[Stored data]
# # # # # # #
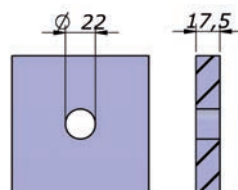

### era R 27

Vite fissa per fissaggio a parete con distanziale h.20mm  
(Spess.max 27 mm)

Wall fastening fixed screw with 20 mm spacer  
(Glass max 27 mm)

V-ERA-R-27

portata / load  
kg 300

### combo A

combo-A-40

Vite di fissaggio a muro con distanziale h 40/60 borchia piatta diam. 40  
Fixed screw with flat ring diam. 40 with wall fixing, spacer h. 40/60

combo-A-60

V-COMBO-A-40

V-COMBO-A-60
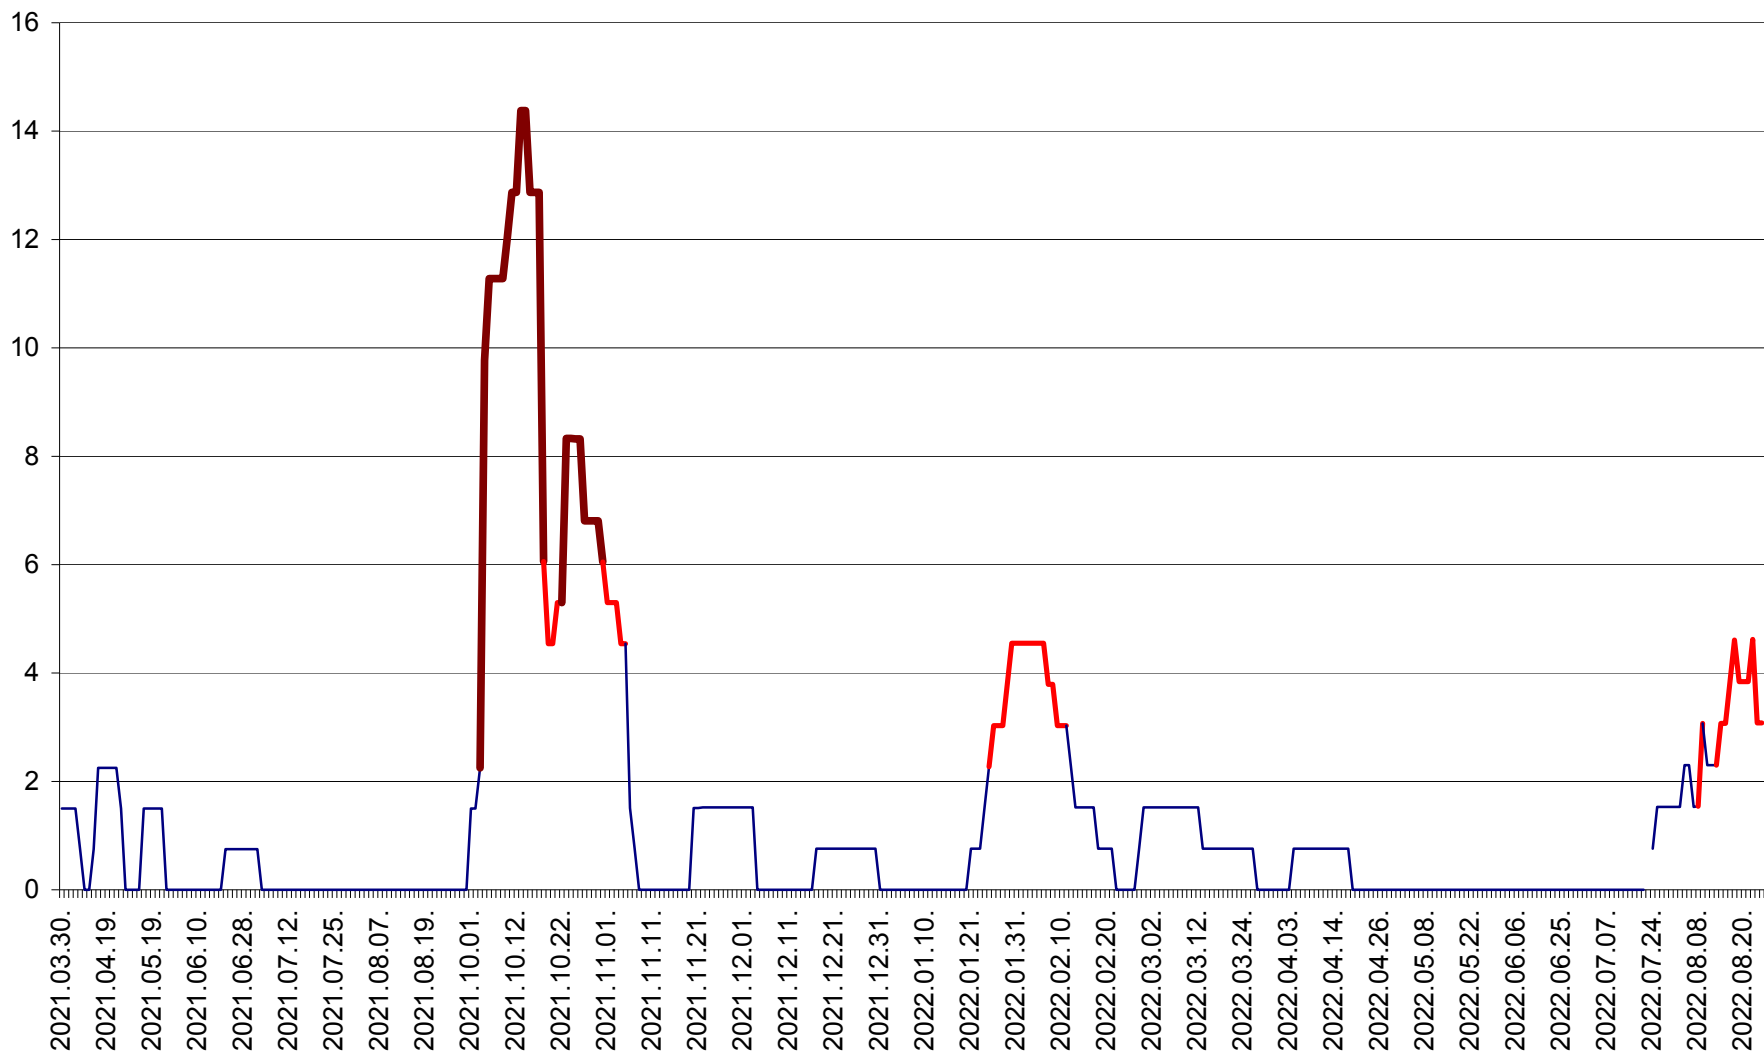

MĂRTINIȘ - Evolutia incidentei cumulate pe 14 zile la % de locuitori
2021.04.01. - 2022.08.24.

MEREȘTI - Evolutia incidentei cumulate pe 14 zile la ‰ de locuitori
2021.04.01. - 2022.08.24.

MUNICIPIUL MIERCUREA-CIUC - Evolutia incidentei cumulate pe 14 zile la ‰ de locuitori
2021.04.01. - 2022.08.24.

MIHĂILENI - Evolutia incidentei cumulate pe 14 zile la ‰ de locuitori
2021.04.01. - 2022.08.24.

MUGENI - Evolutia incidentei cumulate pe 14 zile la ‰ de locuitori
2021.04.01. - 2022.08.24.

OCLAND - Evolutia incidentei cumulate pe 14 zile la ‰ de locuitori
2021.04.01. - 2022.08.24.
# # # # # # #
**PROBLEM:** With the pictures left out, return each entry exactly as written.

**ANSWER SECTION:**
### era R 27

Vite fissa per fissaggio a parete con distanziale h.20mm  
(Spess.max 27 mm)

Wall fastening fixed screw with 20 mm spacer  
(Glass max 27 mm)

V-ERA-R-27

portata / load  
kg 300

### combo A

combo-A-40

Vite di fissaggio a muro con distanziale h 40/60 borchia piatta diam. 40  
Fixed screw with flat ring diam. 40 with wall fixing, spacer h. 40/60

combo-A-60

V-COMBO-A-40

V-COMBO-A-60

MĂRTINIȘ - Evolutia incidentei cumulate pe 14 zile la % de locuitori
2021.04.01. - 2022.08.24.

MEREȘTI - Evolutia incidentei cumulate pe 14 zile la ‰ de locuitori
2021.04.01. - 2022.08.24.

MUNICIPIUL MIERCUREA-CIUC - Evolutia incidentei cumulate pe 14 zile la ‰ de locuitori
2021.04.01. - 2022.08.24.

MIHĂILENI - Evolutia incidentei cumulate pe 14 zile la ‰ de locuitori
2021.04.01. - 2022.08.24.

MUGENI - Evolutia incidentei cumulate pe 14 zile la ‰ de locuitori
2021.04.01. - 2022.08.24.

OCLAND - Evolutia incidentei cumulate pe 14 zile la ‰ de locuitori
2021.04.01. - 2022.08.24.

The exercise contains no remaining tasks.